I could have done a more compact variant, just put the nymph in a nylon bag and fasten it tightly. But my space allows me to keep it in a bucket. This way it will overwinter until the warm days come. Then it will need to be divided into parts and planted in larger containers. By then, hopefully, I will have a more spacious pond.
Yes, and what to do with the "basin" in winter? In principle, you can leave it in the winter with water. But we all studied at school and remember that water expands when it freezes, and containers burst in the cold. To avoid this, you can put in the water for the winter peculiar compensators, which will take the pressure of expanding water.

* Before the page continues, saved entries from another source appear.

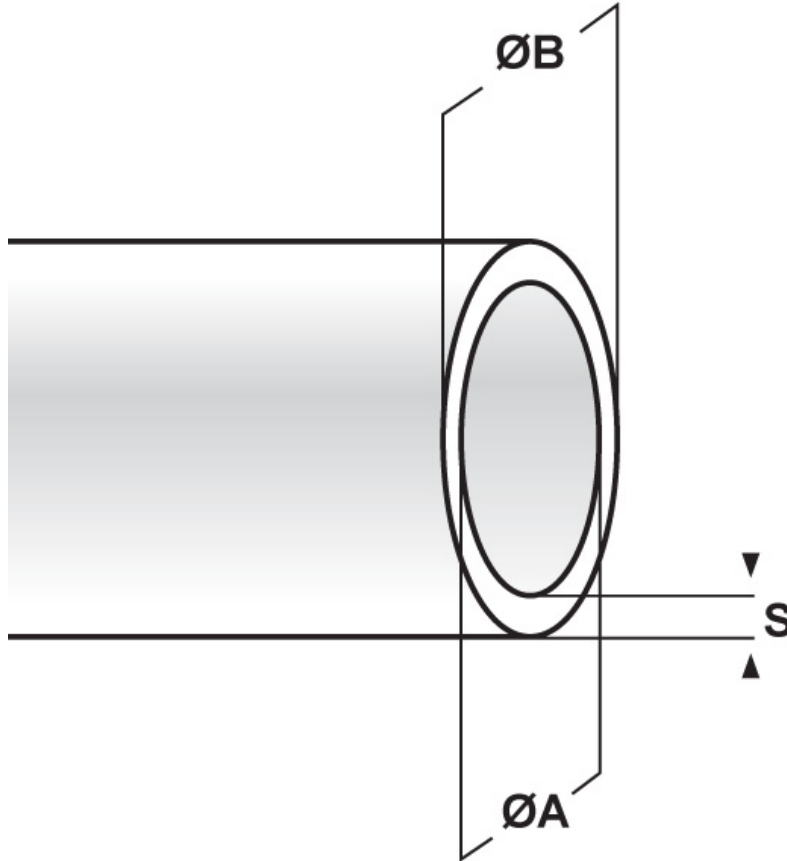

SCHEMA ARTICOLO

Articolo: PS 12 ROSSA - Codice EZ: N.D

16/07/2024

ARTICOLO	colore	ØA mm	ØB mm	S mm
PS 12 ROSSA	rosso	12	13	0,5

Materiale: PVC.

Colore: nero, bianco, blu, giallo, rosso, verde, grigio, trasparente.
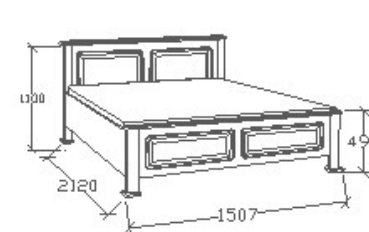

Megnevezés

Ágyneműtartós franciaágy
140x200 - Egyenes

Leírás

Ágykeret gázrugós - nyíló
ágyráccsal. Ágyrács magasság
padlótól mérve: 377mm. Matrac
magassága max. 22cm lehet!

Elemkód

CA-9-142

Bruttó ár

1-TÖLGY	463 000 Ft
2-CSERESZNYE	556 000 Ft
3-FEKETEDIÓ	694 500 Ft

First time we put in the water for this thick logs and timbers. Now they take plastic bottles, fill them to 1/3 with sand and lower them into the water. The air in the bottle is compressed by the freezing water, and the container remains intact.
But I decided otherwise. Anyway the tank should be cleaned from the accumulated silt, so do it in the spring or in the fall? So I took the "basin" out of the pit, cleaned, rinsed and returned to its place. By the way, the soil around over the season very well compacted. Standing tank all winter will be empty, and to water and debris do not fall inside, I covered it with a piece of linoleum, of course, putting under it a couple of slats (so that under the weight of the snow did not fail), and the top of pressing bars (so that the wind did not carry away).
Read also our material How to establish and decorate a plastic pond in the garden.
A couple of words about the framing of the pond. It seems to me that with such small size, it would look ridiculous surrounded by trees and even medium-sized shrubs, but the decorative grasses - just the same. So I did, but this is a separate topic, one day I'll tell.
Of course, now I can clearly see the little mistakes that need to be corrected, but on the whole, for the season, my mini pond and nymphaea very pleased me. And how they amused my self-esteem:
- "Igor, have you done it yourself? God, what a beauty!"